THE PROBLEM:
Copy out each line featuring the string "innen" from the entries beneath.

(SOURCE MATERIAL begins)

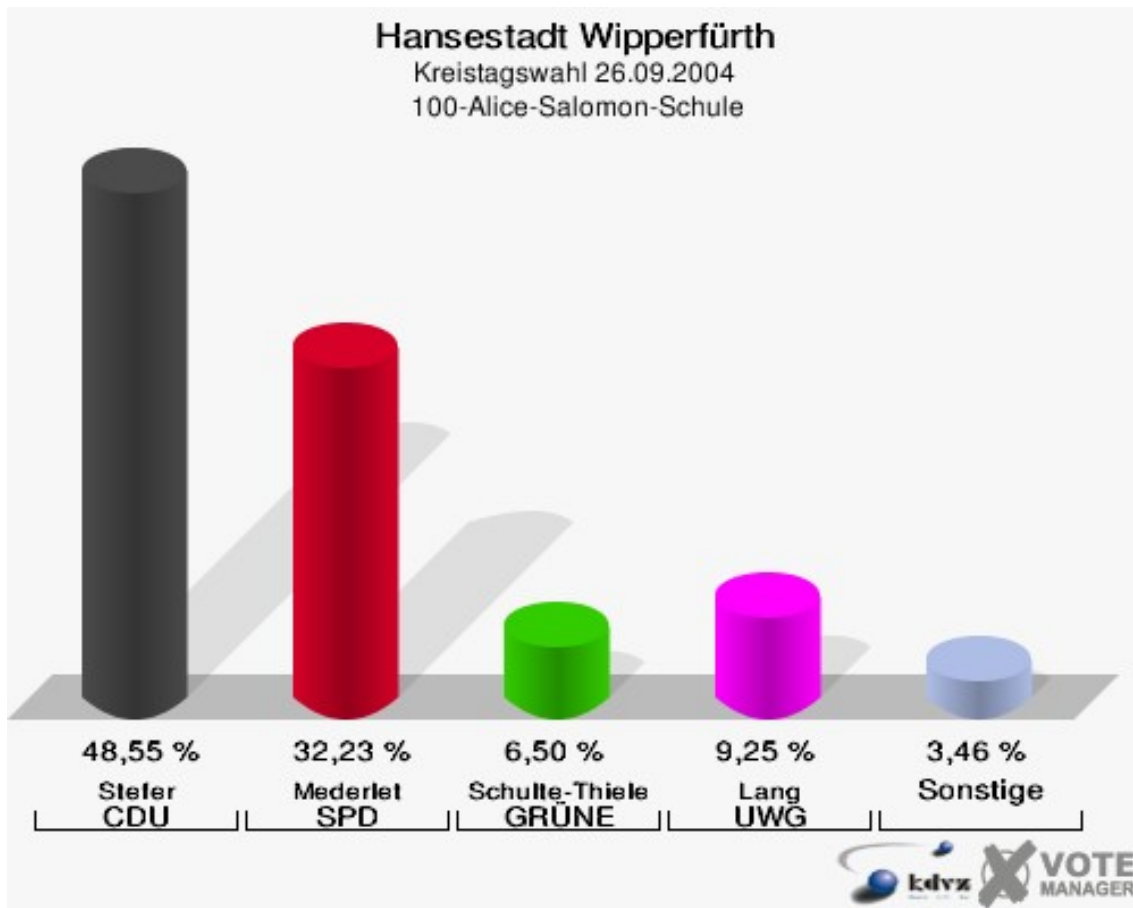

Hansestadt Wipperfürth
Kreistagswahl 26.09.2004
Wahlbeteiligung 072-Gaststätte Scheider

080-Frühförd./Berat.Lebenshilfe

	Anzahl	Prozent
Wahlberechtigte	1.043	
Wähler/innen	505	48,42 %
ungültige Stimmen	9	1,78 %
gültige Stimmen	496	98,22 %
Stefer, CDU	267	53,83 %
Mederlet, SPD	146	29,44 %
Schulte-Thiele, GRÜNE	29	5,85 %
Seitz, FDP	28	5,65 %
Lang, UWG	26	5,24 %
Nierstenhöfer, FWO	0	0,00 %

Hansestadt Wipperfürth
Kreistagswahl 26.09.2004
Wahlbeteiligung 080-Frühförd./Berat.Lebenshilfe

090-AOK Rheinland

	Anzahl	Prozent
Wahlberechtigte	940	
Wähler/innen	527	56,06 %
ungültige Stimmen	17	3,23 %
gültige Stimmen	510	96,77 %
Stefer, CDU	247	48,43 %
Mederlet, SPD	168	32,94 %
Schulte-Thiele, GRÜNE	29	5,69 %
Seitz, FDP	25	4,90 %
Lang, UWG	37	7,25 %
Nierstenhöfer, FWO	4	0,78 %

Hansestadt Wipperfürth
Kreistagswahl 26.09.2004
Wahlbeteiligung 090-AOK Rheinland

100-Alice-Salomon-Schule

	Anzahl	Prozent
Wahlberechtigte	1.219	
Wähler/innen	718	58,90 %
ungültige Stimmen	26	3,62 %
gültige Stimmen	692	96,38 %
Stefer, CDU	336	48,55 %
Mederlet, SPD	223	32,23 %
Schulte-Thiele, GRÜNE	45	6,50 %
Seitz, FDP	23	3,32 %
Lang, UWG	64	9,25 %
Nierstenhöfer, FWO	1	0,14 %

(SOURCE MATERIAL ends)
(SOURCE MATERIAL begins)

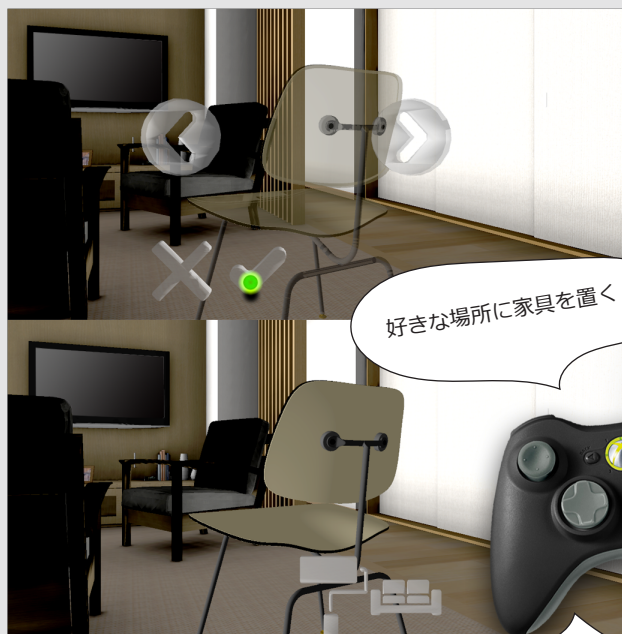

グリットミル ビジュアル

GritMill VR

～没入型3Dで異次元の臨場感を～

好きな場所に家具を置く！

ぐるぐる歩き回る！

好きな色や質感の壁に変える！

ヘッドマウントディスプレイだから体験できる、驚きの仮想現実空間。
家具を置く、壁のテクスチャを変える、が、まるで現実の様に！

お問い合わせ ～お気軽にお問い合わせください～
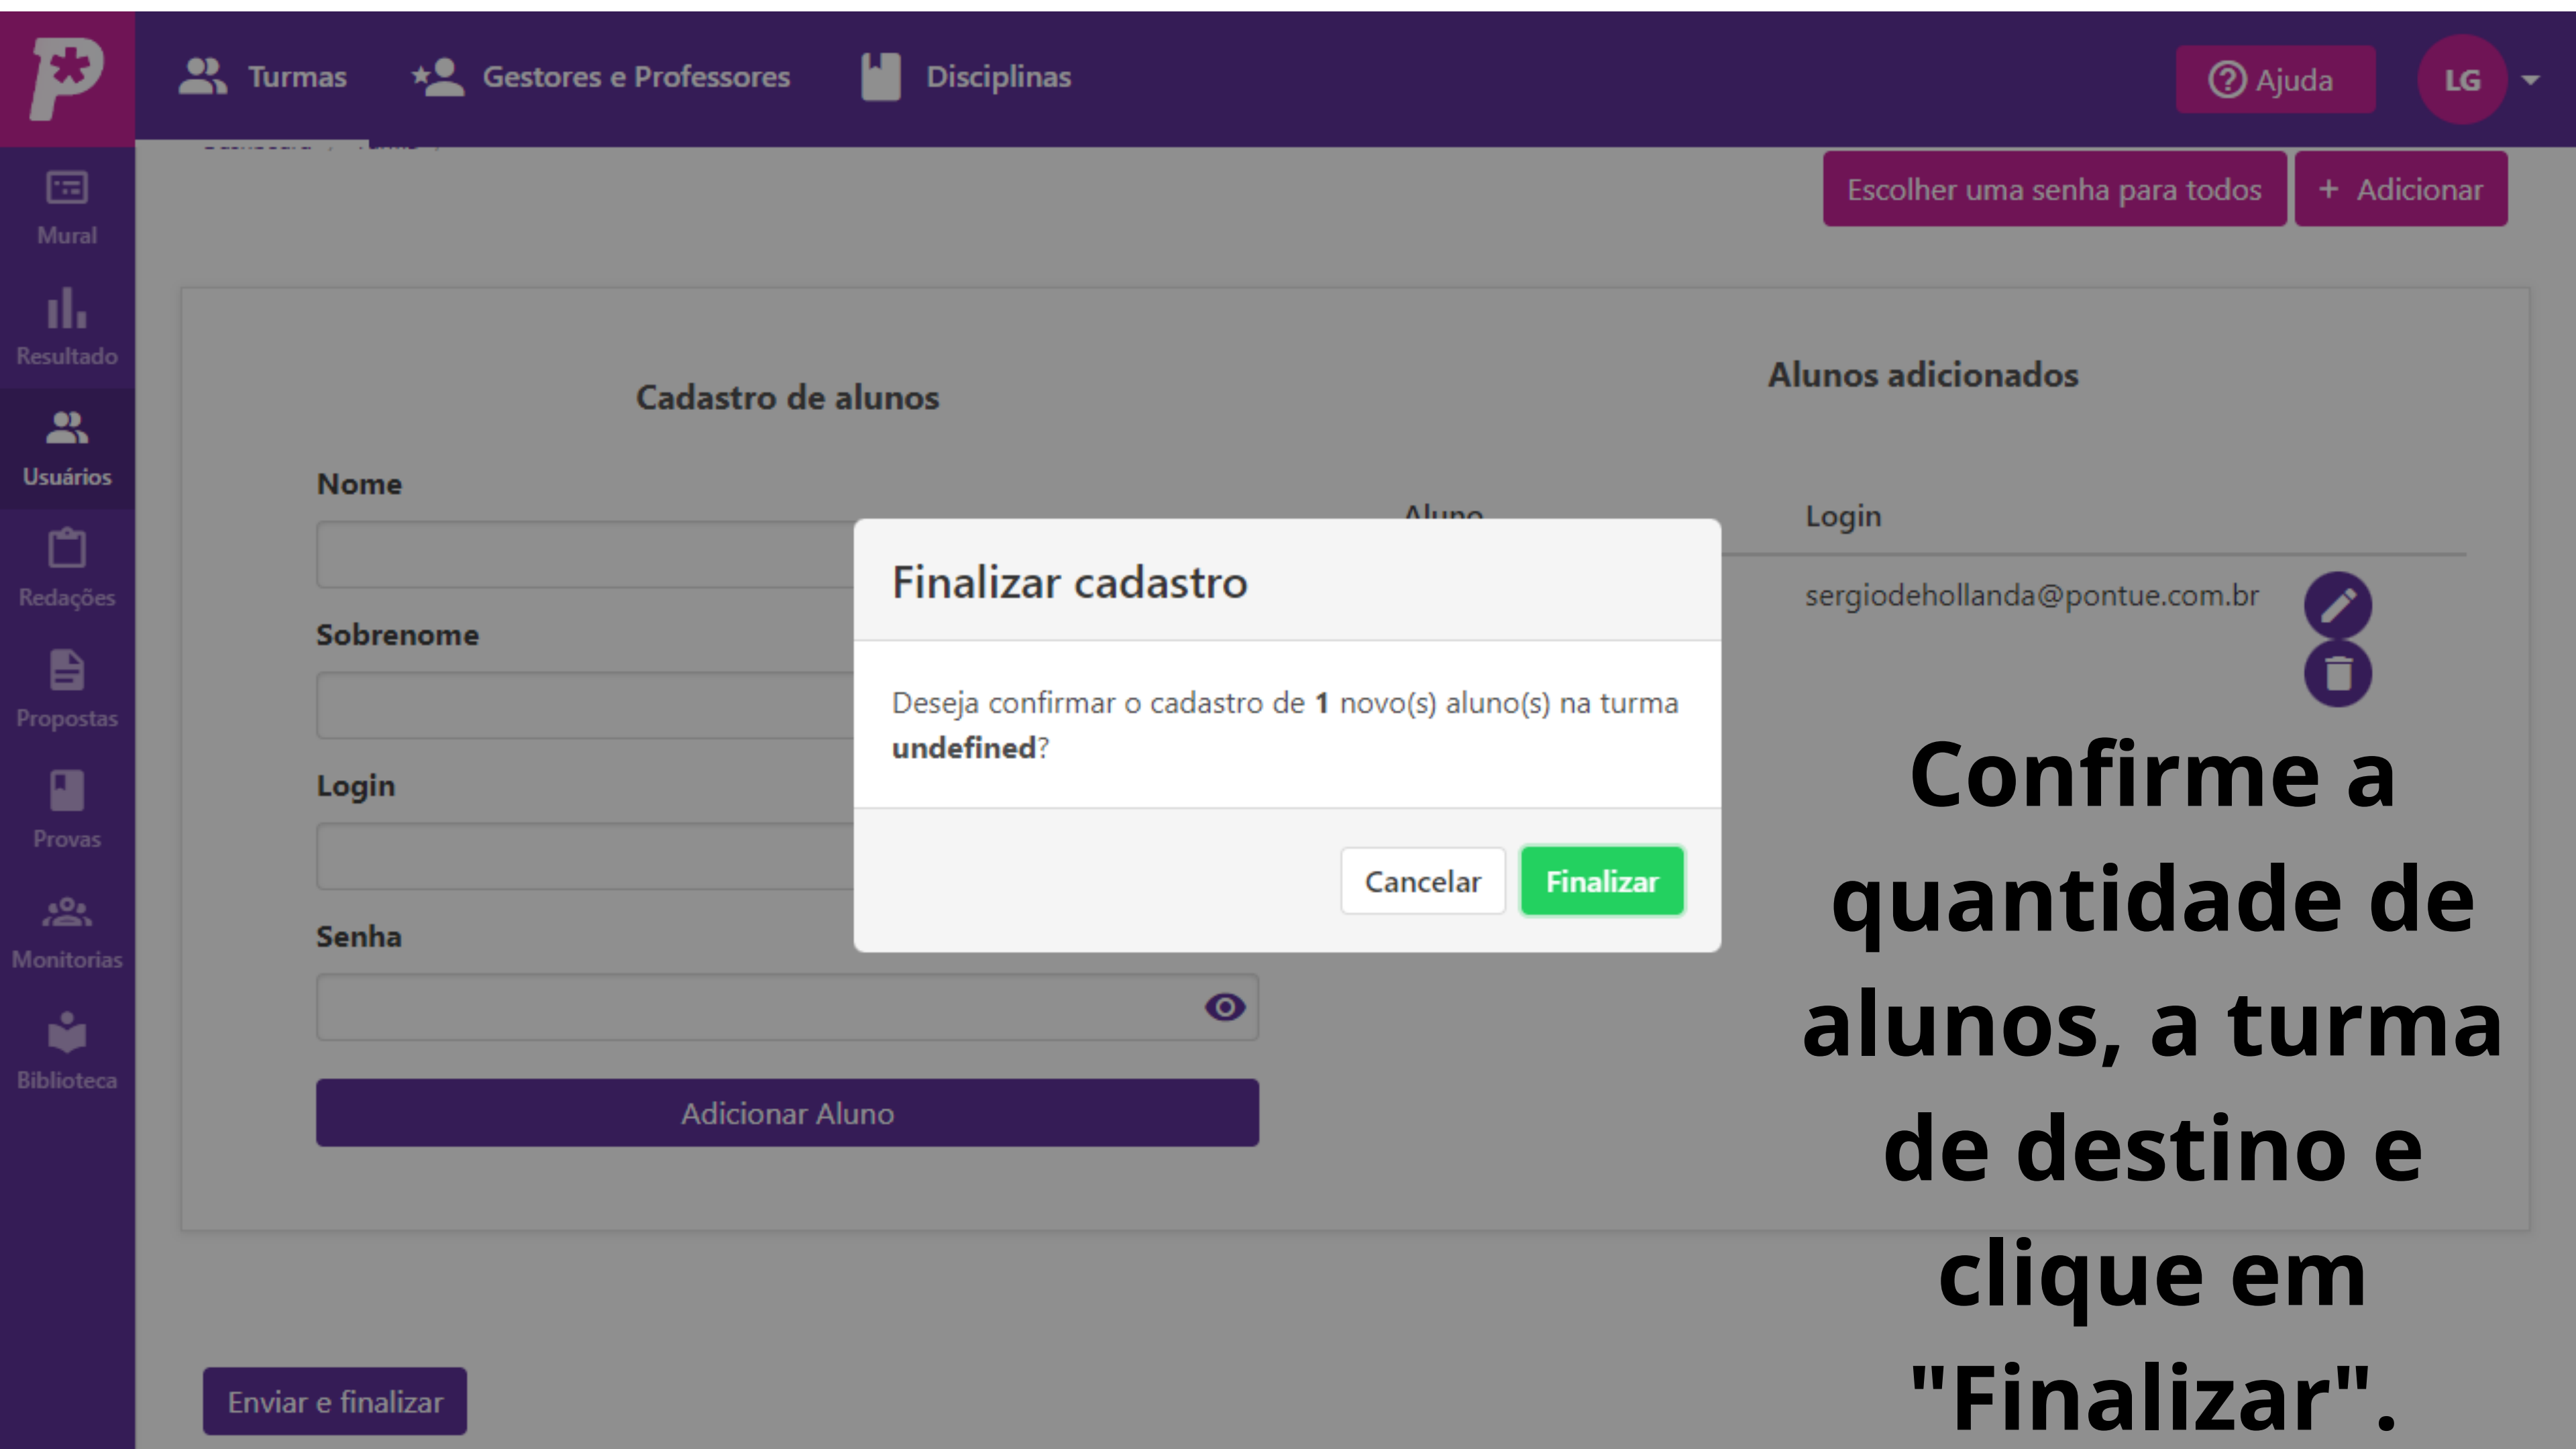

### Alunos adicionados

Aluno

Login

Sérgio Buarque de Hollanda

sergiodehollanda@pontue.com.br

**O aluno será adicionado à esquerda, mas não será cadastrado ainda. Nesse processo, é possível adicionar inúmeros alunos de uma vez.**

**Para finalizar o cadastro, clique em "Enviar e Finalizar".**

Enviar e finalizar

(SOURCE MATERIAL ends)

OUTPUT BELOW:
Wähler/innen	505	48,42 %
Wähler/innen	527	56,06 %
Wähler/innen	718	58,90 %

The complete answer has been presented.